Your objective:
In the records below, work out how many lines hold the word "MAINTENANCE". Report the number alone.

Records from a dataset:

# # # #

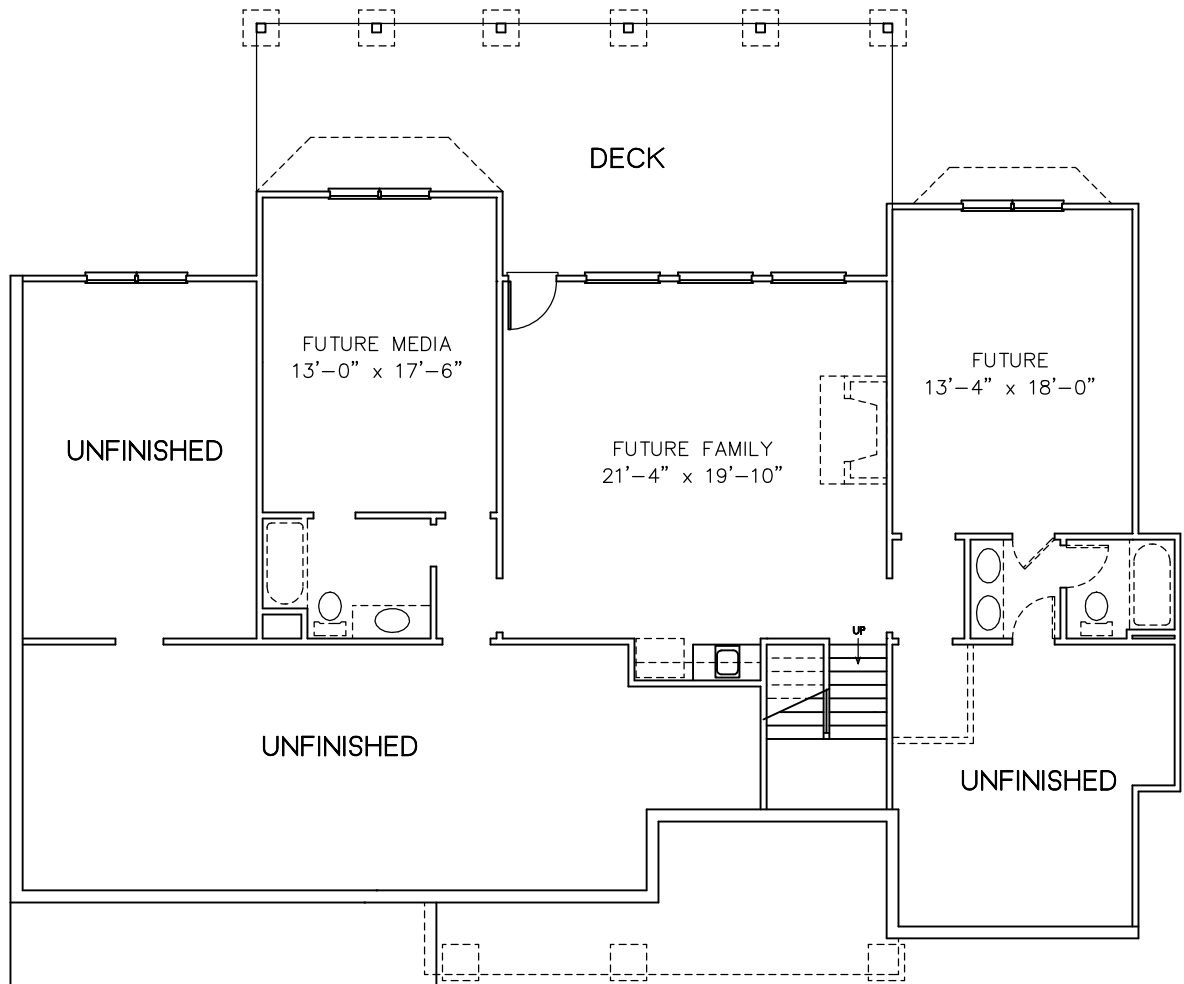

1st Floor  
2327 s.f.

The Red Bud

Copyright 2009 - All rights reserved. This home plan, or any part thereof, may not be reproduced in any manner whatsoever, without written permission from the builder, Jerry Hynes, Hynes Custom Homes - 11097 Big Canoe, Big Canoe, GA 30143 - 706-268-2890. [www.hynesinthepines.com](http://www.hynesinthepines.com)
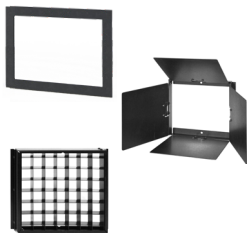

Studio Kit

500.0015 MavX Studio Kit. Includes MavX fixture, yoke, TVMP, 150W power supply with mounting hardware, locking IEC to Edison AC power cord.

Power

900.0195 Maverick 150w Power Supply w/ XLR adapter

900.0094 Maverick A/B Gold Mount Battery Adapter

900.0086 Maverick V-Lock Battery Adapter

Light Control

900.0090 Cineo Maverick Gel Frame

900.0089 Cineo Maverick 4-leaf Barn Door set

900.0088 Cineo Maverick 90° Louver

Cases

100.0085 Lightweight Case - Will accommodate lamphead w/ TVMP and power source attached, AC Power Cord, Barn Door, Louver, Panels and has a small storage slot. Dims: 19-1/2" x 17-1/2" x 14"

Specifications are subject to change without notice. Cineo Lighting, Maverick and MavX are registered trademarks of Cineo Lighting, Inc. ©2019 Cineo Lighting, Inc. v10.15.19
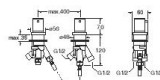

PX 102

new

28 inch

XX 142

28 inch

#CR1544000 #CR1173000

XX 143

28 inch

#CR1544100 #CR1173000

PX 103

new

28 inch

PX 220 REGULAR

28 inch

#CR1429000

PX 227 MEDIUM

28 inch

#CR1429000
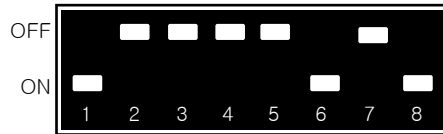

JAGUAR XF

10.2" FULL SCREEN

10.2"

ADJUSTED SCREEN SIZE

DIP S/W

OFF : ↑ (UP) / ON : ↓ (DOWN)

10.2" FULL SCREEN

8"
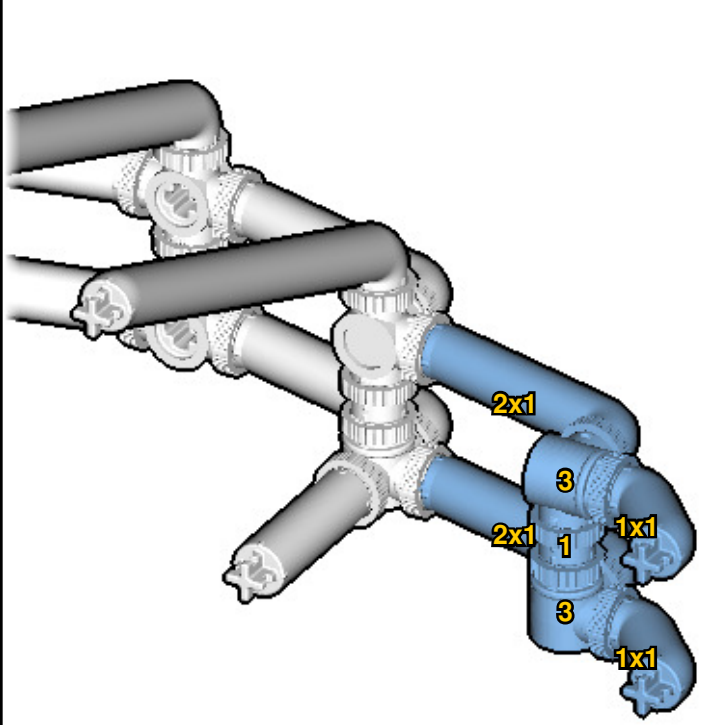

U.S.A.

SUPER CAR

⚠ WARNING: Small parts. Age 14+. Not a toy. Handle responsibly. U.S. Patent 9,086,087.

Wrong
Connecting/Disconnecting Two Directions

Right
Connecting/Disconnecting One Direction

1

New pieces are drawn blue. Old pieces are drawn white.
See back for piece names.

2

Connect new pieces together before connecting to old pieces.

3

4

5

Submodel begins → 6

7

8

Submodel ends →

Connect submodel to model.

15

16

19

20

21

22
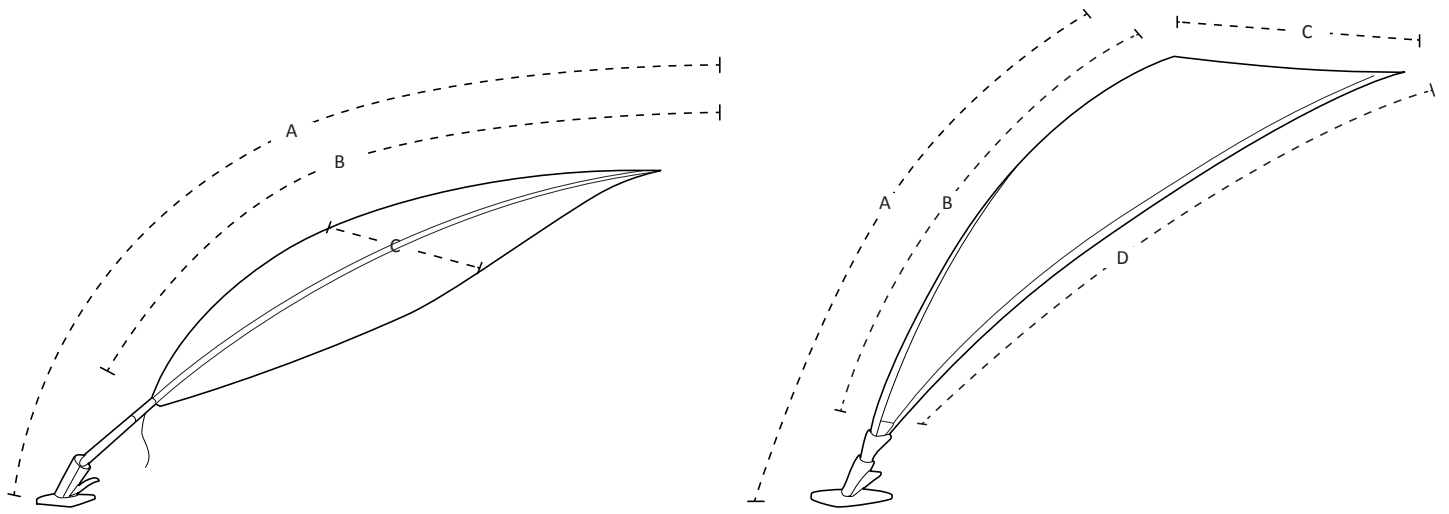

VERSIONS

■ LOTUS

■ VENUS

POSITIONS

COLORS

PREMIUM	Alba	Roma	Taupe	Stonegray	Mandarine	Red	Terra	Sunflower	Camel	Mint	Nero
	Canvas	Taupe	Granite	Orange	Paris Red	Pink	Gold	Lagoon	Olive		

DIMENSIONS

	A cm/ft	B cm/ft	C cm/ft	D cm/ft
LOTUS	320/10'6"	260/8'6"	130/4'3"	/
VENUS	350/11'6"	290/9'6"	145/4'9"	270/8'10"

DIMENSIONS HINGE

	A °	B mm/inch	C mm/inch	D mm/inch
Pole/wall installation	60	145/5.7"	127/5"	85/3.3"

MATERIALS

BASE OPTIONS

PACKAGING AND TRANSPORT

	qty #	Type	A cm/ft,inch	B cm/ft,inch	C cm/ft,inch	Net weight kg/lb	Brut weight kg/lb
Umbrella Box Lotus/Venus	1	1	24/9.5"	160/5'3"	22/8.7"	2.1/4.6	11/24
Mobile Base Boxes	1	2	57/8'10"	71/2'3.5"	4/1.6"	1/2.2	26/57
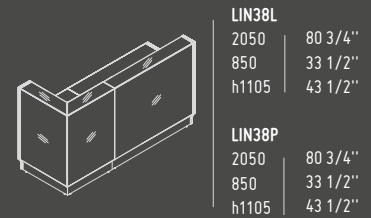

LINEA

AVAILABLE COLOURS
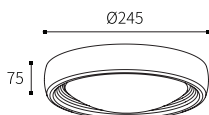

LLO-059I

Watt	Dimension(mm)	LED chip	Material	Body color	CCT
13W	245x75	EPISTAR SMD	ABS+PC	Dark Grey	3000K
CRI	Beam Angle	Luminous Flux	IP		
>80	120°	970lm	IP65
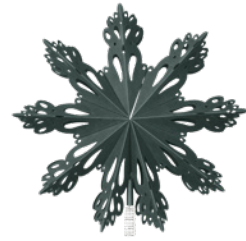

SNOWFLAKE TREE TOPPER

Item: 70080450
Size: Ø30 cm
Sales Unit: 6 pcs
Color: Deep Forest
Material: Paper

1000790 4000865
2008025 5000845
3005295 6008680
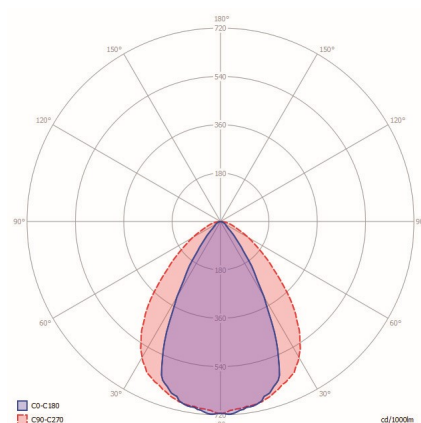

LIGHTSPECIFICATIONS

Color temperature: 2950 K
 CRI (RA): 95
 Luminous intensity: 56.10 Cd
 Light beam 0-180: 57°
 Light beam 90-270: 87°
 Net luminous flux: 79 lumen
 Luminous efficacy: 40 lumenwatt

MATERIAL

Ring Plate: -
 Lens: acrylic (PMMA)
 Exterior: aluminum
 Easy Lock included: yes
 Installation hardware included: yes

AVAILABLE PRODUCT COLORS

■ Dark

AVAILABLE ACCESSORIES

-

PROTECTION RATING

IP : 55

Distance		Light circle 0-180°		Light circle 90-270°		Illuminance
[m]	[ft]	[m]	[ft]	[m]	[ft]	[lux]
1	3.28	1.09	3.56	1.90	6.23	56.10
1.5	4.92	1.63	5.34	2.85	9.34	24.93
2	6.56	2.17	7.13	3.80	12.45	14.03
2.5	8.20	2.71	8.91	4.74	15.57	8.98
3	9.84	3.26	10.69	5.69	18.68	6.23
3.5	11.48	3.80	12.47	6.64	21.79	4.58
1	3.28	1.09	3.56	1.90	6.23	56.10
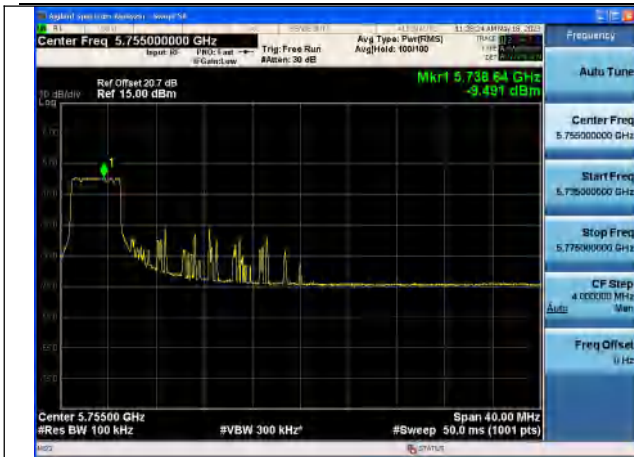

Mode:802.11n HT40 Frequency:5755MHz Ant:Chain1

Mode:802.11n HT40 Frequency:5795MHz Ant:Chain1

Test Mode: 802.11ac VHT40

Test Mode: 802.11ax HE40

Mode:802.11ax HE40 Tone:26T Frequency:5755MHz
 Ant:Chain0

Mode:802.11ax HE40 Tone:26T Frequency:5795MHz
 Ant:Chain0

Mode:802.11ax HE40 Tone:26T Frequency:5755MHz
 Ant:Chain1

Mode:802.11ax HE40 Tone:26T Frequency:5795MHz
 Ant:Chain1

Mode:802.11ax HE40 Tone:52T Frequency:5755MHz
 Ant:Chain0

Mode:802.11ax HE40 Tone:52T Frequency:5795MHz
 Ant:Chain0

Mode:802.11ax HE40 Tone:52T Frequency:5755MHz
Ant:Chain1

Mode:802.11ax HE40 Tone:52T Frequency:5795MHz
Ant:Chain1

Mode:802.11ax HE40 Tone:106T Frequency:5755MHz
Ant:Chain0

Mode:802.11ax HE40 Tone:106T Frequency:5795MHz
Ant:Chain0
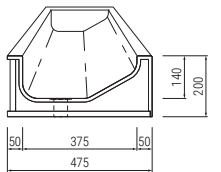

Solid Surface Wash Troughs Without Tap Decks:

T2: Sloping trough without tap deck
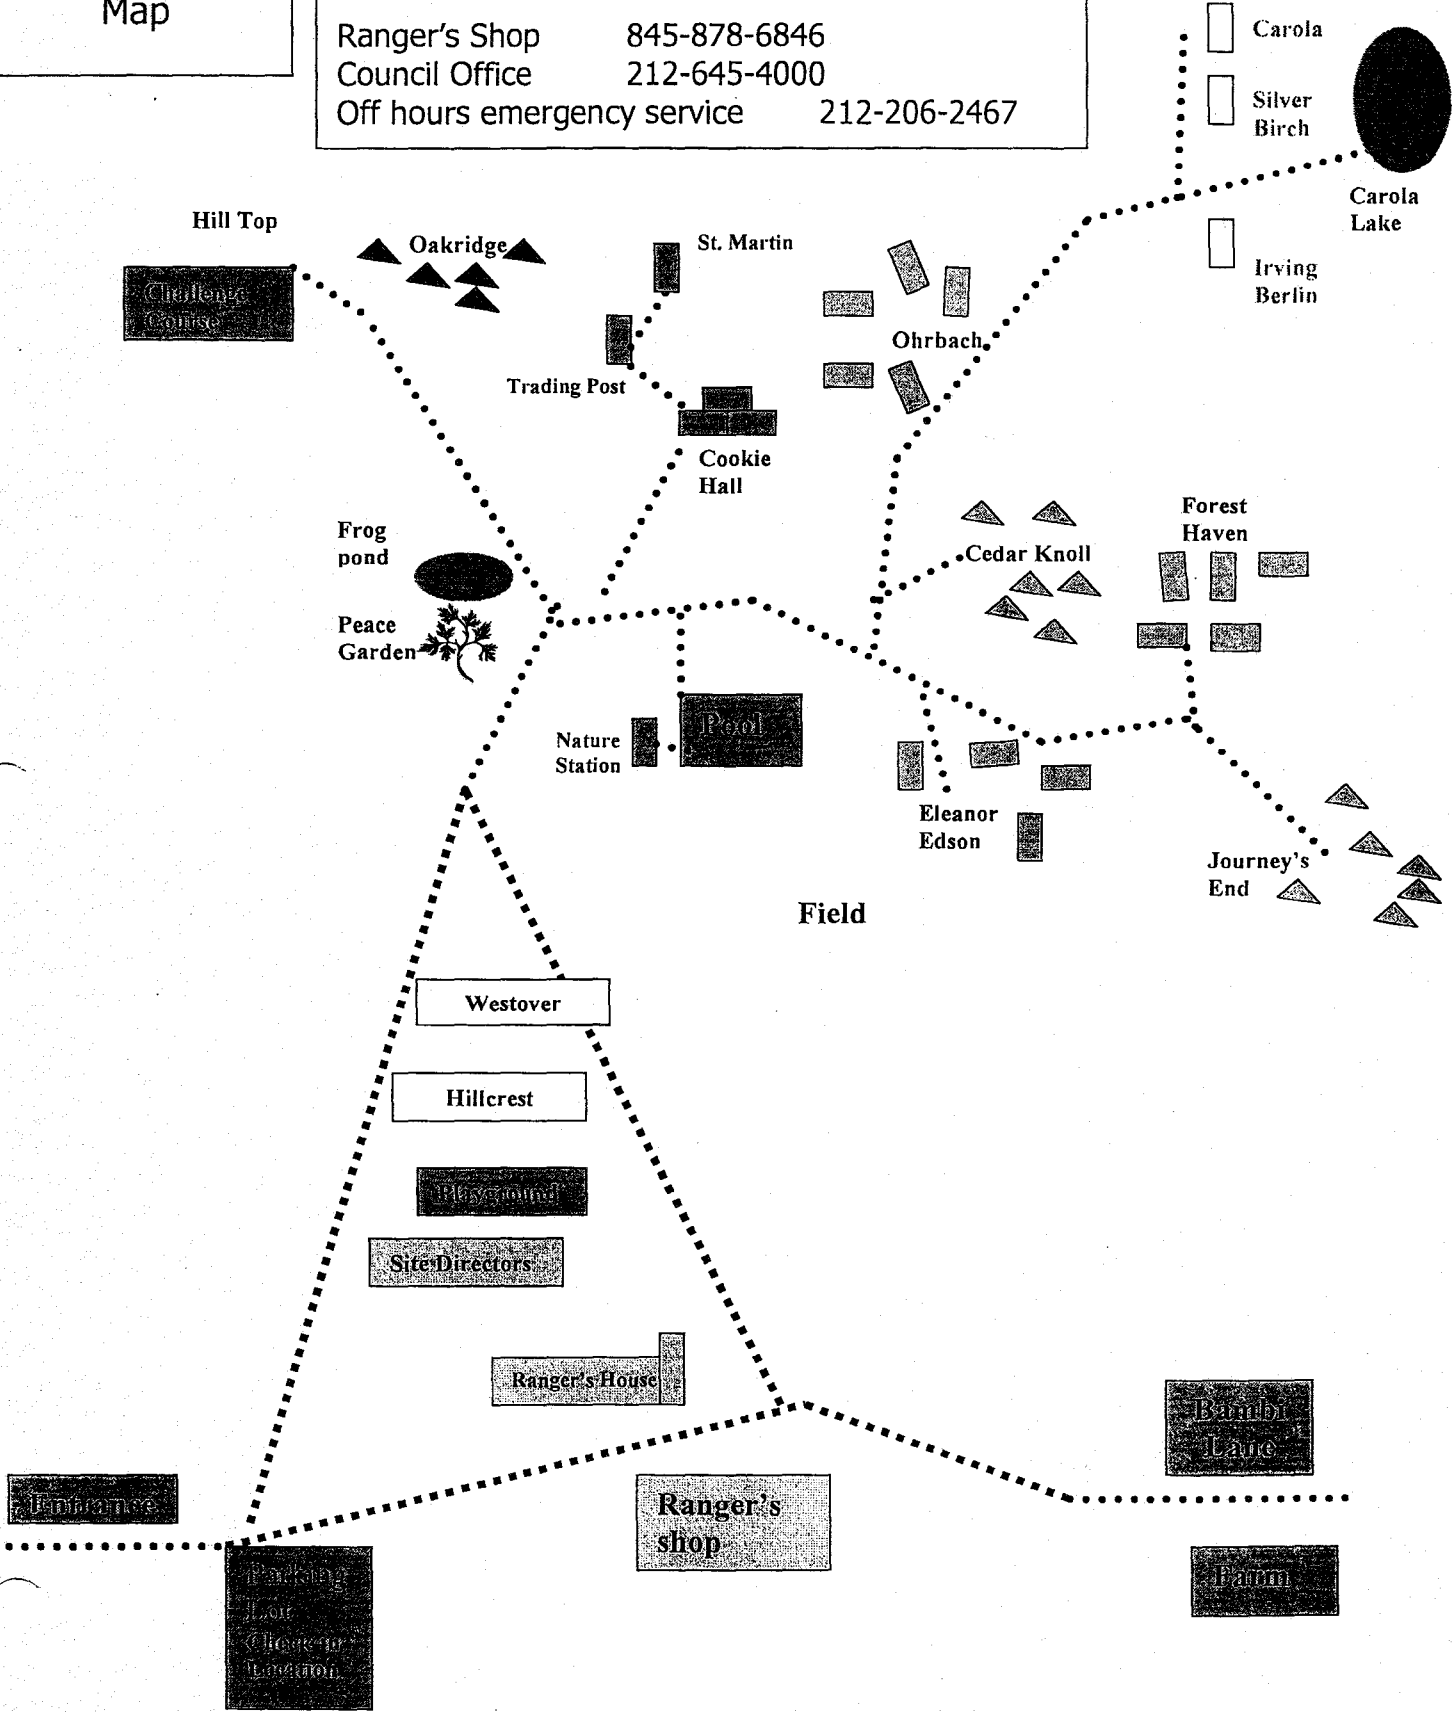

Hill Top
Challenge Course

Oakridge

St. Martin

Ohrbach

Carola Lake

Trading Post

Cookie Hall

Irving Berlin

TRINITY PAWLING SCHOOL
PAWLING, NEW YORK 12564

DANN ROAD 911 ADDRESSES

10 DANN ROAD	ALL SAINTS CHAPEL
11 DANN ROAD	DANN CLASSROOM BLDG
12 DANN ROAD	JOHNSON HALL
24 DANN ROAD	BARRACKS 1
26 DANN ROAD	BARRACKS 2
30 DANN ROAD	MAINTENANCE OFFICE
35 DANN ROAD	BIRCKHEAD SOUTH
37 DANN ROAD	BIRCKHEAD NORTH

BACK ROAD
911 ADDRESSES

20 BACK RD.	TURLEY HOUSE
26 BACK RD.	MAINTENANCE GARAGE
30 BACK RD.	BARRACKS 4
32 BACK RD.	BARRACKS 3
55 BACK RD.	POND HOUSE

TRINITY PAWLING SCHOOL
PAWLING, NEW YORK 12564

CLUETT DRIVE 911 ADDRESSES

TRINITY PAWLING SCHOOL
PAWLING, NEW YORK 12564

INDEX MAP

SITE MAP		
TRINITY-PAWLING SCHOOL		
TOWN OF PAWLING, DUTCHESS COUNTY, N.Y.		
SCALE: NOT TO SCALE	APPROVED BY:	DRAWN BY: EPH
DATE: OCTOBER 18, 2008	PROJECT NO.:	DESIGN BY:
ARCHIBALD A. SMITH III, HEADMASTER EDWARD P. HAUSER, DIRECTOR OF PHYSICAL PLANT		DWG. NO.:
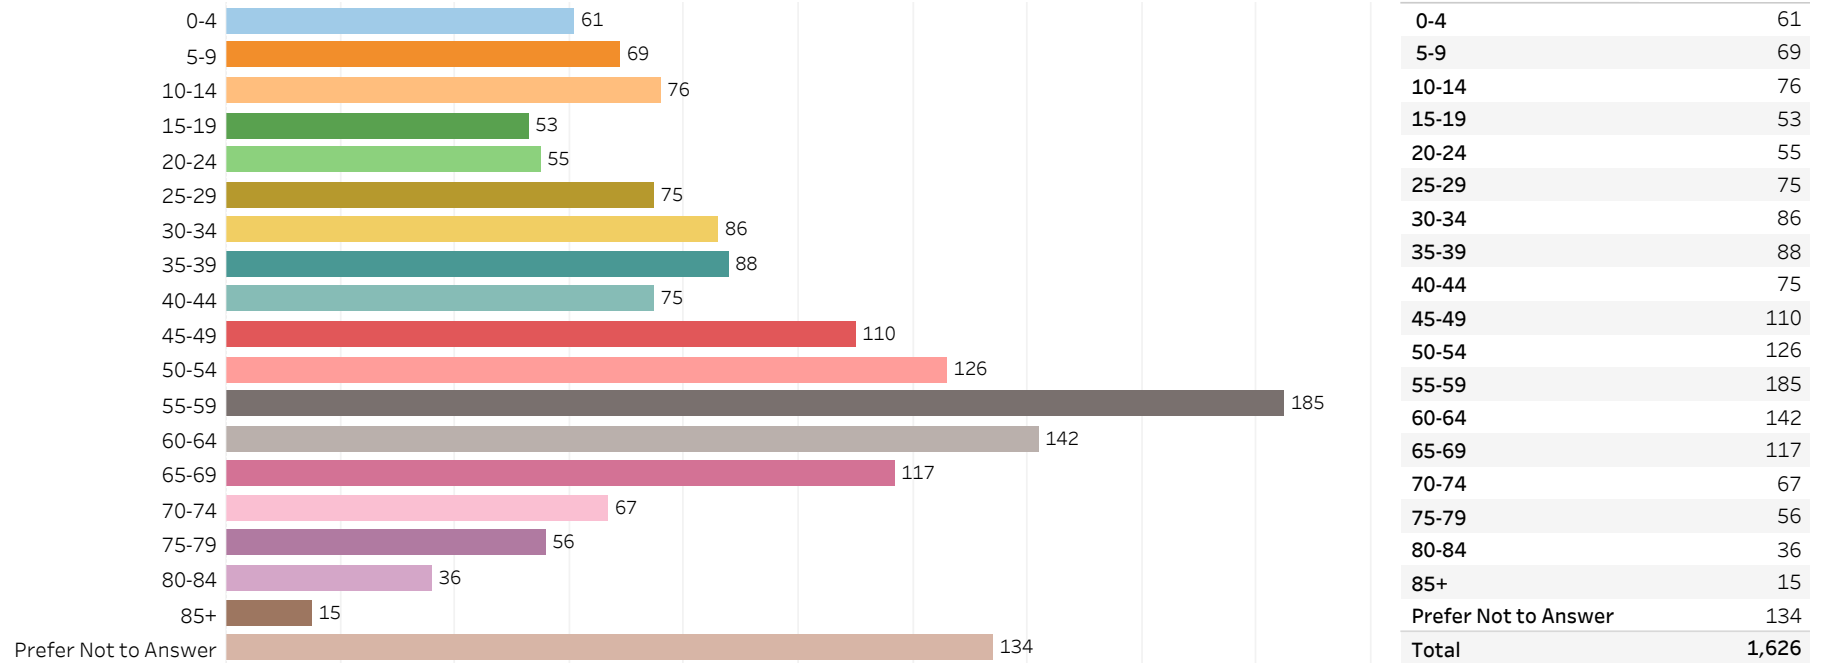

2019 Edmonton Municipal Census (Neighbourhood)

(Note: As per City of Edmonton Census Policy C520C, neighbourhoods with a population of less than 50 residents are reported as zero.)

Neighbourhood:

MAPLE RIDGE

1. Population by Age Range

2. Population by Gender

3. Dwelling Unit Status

# # # #

Written response:
2